• _Problem requirements_: Pull every line of the entries that has the word "Included".

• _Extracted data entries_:
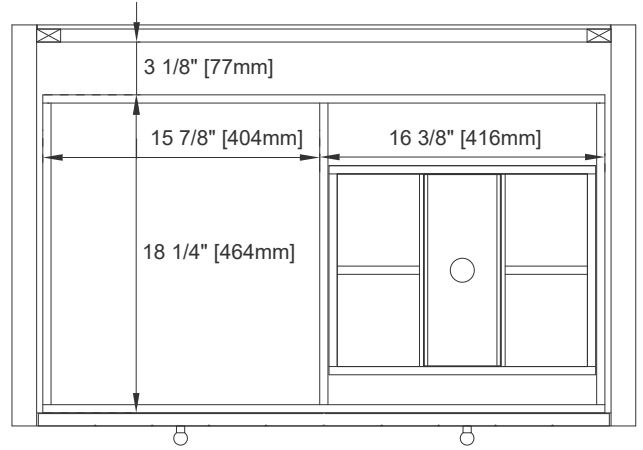

36" HUDSON VANITY

435-V36-LNO
435-V36-HNO

JAMES MARTIN
VANITIES

Features and Materials

Solids: (LNO) Ash, (HNO) Poplar
Veneers: (LNO) Flat Cut Ash
Panels: Plywood
Installation Type: Floor Standing
Number of Basins: One, with Optional 3cm Top
Vanity Top Included: NO, Optional 3cm Tops Available with Sinks
Basins Included: NO
Overflow: Yes, Front Facing
Number of Doors: Two
Number of Drawers: One
Number of Tip Outs: 0
USB/Power Component: YES (ETL5011080)
Assembly Type: Installation of Optional 3cm Top with Sink
Bamboo Storage Tray: One
Drawer Box Material and Construction: 12mm Plywood/English Dovetail
Joinery Hardware Material and Finish: Zinc Alloy in Champagne Brass Color
Fits Drain Hole Size: 1 3/4"
Full Extension, Soft Close Glides
European Soft Close Hinges
Aluminum Laminate Drawer Liners
Adjustable Levelers

Dimension

Width: 35-7/8"
Depth: 23-1/8"
Height: 33"
Rough-In Height: 21-1/2"

36" HUDSON VANITY

JAMES MARTIN VANITIES

435-V36-LNO
435-V36-HNO

Top View

Front View

Knob

36" HUDSON VANITY

435-V36-LNO
435-V36-HNO

JAMES MARTIN VANITIES

Side View

Back View

All dimensions are nominal
Diagrams are of cabinet only—James Martin Optional Countertops and sinks are not shown

Visit website for warranty and installation information
www.jamesmartinvanities.com

• _Answer to this exercise_:
Vanity Top Included: NO, Optional 3cm Tops Available with Sinks
Basins Included: NO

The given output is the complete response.